Johnson was getting nowhere on Culp's Hill, Stuart was failry easily rebuffed and Pickett was destroyed by artillery and a lesser amount of infantry. There is no cotemporary evidence that any of these men, or their immediate superiors,  felt they were acting in concert.

Battles are not won in frontal attacks by 3 divisions of infantry and 1 of cavalry.

Unfortunately, Carhart manipulates available evidence and makes up more to bolster his thesis. Where conversations do not exist, he makes them up. I belive the term for this is 'fiction'..."
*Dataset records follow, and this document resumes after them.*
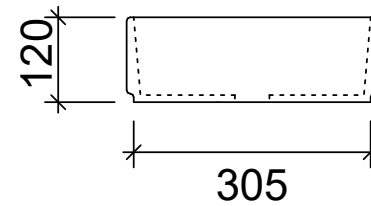

## Allure Flute

**WG** White Gloss  
ALF-BS-365-WG-S

**WM** White Matt  
ALF-BS-365-WM-U

Above Counter

Drawings

Taphole Offset

Taphole Behind

Cut Out Specifications

**Approx Capacity:** 10L

**Cut Out Size:** 80mm

**Waste Size:** 32mm without overflow

**Note:** Due to the manufacturing process, ceramic basins will vary from their nominal stated sizes. Use the dimensions provided as a guide only. Waste not included. Refer to brochure for pricing.
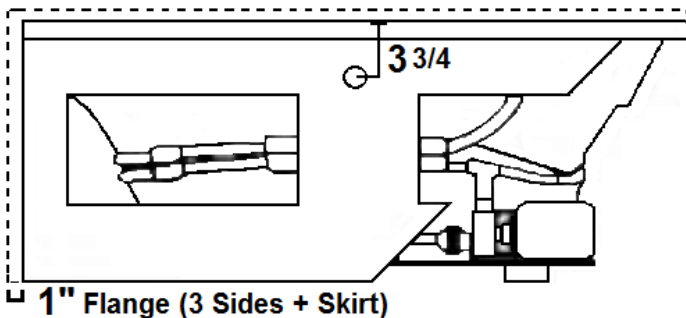

ALCOVE PLUS

60" x 42" Skirted Acrylic Whirlpool

Model Number
4260APW064
Center Drain Whirlpool in White

Features

- Color-matched jet trim
- 10 adjustable hydrotherapy jets
- Pillows included
- Constructed of high-gloss durable acrylic
- 3-Speed control for the 13.5 Amp pump
- Inline heater available – LM300
- Mood light available – LM522
- Pre-leveled base for easy installation
- Made in the USA

All dimensions are +/- 1/4" and subject to change without notice
Confirm specification before installation

Standard (S) Pump Location and Alternate (A-1) Pump location.

Technical Information

- Weight: 180 lbs.
- Water Depth to Overflow: 17 1/2"
- Water Operating Level: 55 gal.
- Water Capacity: 98 gal.
- Sump Dimension: 36" x 26"
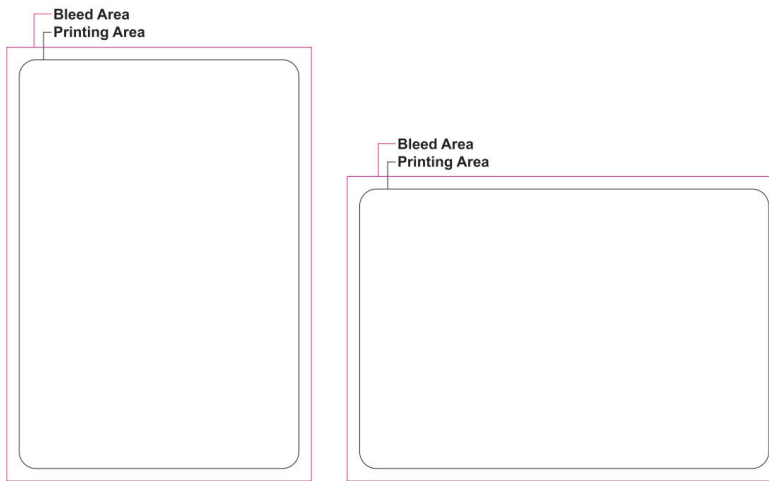

IDENTITY / MEMBERSHIP CARD GRAPHIC GUIDELINES

86 x 54 mm without punch

98 x 67 mm without punch

124 x 86 mm without punch
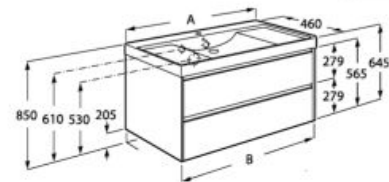

1000 mm
Ref. A851693509 (matt white)
Ref. A851693510 (grey sand)
Ref. A851693511 (dark elm)
Ref. A851693512 (light oak)
Ref. A851693513 (matt green)

Base Unit	Washbasin
A857616XXX	A32768A004

600 mm
Ref. A851688509 (matt white)
Ref. A851688510 (grey sand)
Ref. A851688511 (dark elm)
Ref. A851688512 (light oak)
Ref. A851688513 (matt green)

Base Unit	Washbasin
A857613XXX	A327686004

800 mm
Ref. A851691509 (matt white)
Ref. A851691510 (grey sand)
Ref. A851691511 (dark elm)
Ref. A851691512 (light oak)
Ref. A851691513 (matt green)

Base Unit	Washbasin
A857630XXX	A32768H004

550 mm
Ref. A851687509 (matt white)
Ref. A851687510 (grey sand)
Ref. A851687511 (dark elm)
Ref. A851687512 (light oak)
Ref. A851687513 (matt green)

Base Unit	Washbasin
A857612XXX	A327685004

A	B
1000	985
800	785
650	635
600	585
550	435

650 mm
Ref. A851689509 (matt white)
Ref. A851689510 (grey sand)
Ref. A851689511 (dark elm)
Ref. A851689512 (light oak)
Ref. A851689513 (matt green)

Base Unit	Washbasin
A857614XXX	A327687004
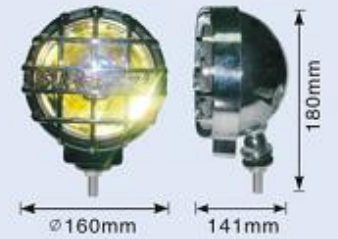

JH-8066

- 6" OFF ROAD LIGHT
- Body: Metal Chrome Housing with Chrome cover
- Lens: Clear, Yellow, Super white, Rainbow yellow, Rainbow blue
- Size: $\varnothing$ 160x141x180mm
- Bulb: H3 12V 100W
- N.W.: 12 Kg G.W.: 14Kg
- packing: 12 PCS/ 2.4 cu.ft

JH-8067

- 6" OFF ROAD LIGHT
- Body: Metal Chrome Housing
- Lens: Clear, Yellow, Super white, Rainbow yellow, Rainbow blue
- Size: 154x127x154mm
- Bulb: H3 12V 100W
- N.W.: 10kg G.W.: 12.5kg
- Packing: 12pcs/2.4cu.ft
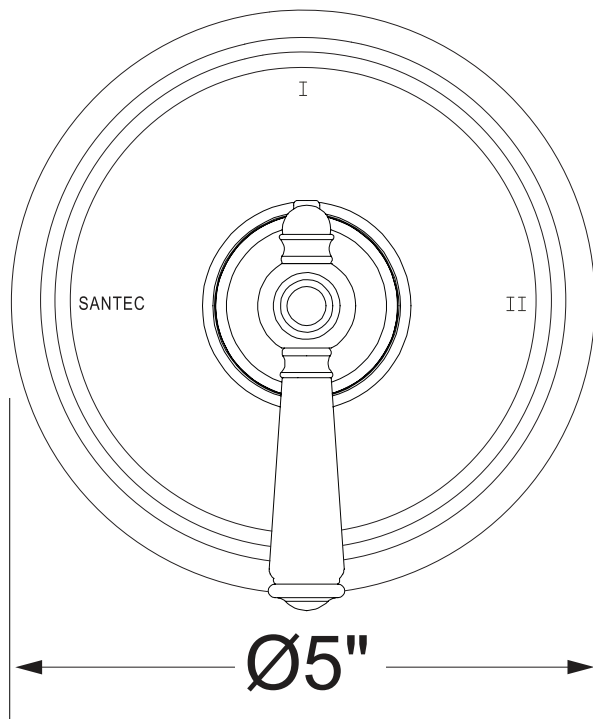

PRODUCT SPECIFICATION SHEET

ITEM # DT3-JP-TM

TRIM

3-Way wall mount diverter

- "CN" style handle
- VALVE NOT INCLUDED
- USE SA3WAY30 VALVE

The measurements shown are for reference only. Products and specifications shown are subject to change without notice.
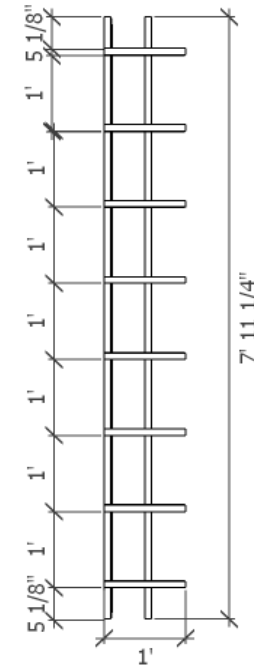

Grille Ceiling System- #5W-G525-2
Blades: 5 1/4" D x 95 1/4" L x 1" Thick
Overall Panel Dimensions: 12" W x 95 1/4"x 6" H

Wood Backer Board- Black
12" On Center Connected to 15/16"
Heavy Duty Grid System or Decking
via Screw

Panelized Grille System
Overall Dimensions:
12" Wide x 95 1/4" Long x 6" High

Top View

Panel Details

- **Wood Species:** See Wood Options
- **Lengths:** Standard= 95 1/4" -119 1/4" or Custom Lengths Available
- **Fire Rating** Class A or Class C
- **Cores:** Particle Board , MDF or Solid Wood

5th Wall Designs
 3011 82nd Lane NE
 Blaine, MN 55449
 P: 1-877-584-9255
 D:763-780-4935
 fifthwalldesigns.com

Product Drawing
Product # 5W-G525-2
5 1/4" Blades with
5" Spacing
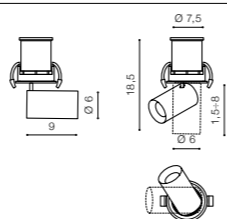

LUNA 15W DIM

Exposed downlights

LUNA 15W DIM

LED integrated

product code – look AZ	LED 15W 1270lm	
metal / aluminium	3000K RA>90 dimm	
IP20	installation place	
group energy label	inlet opening	Ø 8,5cm

COLOUR / NEW INDEX NO.

WHITE / BLACK (WH / BK) **AZ2828**

BLACK / BLACK (BK / BK) **AZ2829**

* - EXPLANATION SHORTCUT PAGE 2 (E)

LUNA 7W

Exposed downlights

LUNA 7W

LED integrated

product code – look AZ	LED 7W 595lm 3000K	
aluminium		
IP20	installation place	
group energy label	inlet opening	Ø 7cm

COLOUR / NEW INDEX NO.

WHITE / BLACK (WH / BK) **AZ3396**

BLACK / BLACK (BK / BK) **AZ3397**
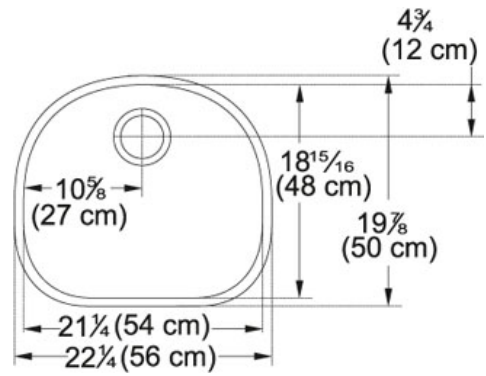

SPECIFICATION SHEET

PRODUCT FAMILY: **Sinks** FINISH: **Stainless Steel** SERIES: **PRESTIGE** MODEL: **PRX11021**

Product Information

FUN#	122.0035.131
US Part Number	PRX11021
Franke Integral Ledge	built-in
Minimum Cabinet Size	24"
Outer Dimensions	22 1/4"x19 7/8"
Bowl Size	21 1/4"x18 15/16"x9 1/16"
Number of Bowls	1
Type of Material	18 ga Stainless Steel
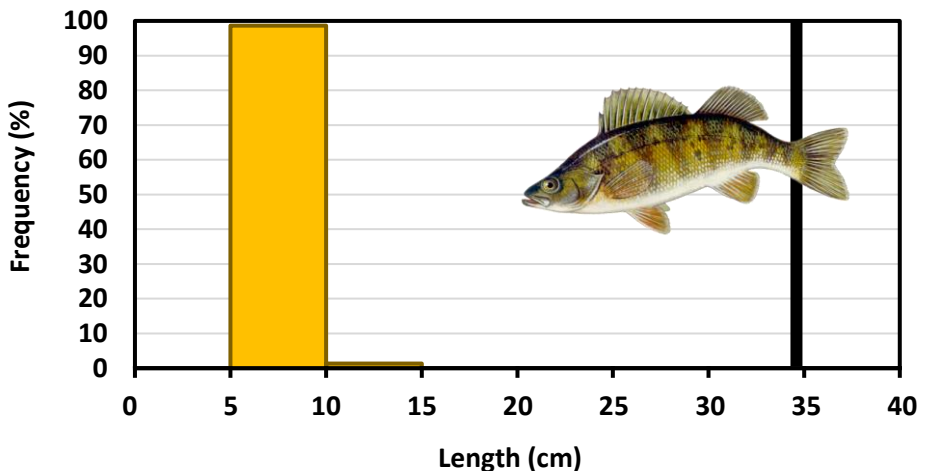

Yellow Perch

* Based on 2011 and 2022 fisheries assessments and Travel Manitoba's Master Angler Record Book. These scores may deviate from anglers' personal experiences and expectations and should be used for guidance purposes only.

I don't think the plan was for simultenous assaults, rather one based on an enfilading en echelon attack meaning to continue to try and "roll up" the Union line that was first demonstrated on the 2nd of July.  "Making up evidence" is a bold criticism.  One realizes upon an inital presentation of the argument that, had Stuart gotten to the rear, his cavalry would have caused havoc (one imagines the effect of Stannard being harassed by these riders, and it's effect on their withering fire into the right flank of Kemper).  Perhaps a chase by Doubleday allows Johnson to finally slide leftward southeast past Spangler's Spring?  The only evidence as it were is the mind of Lee, long gone.  Nonetheless an interesting book and at it's center, bold.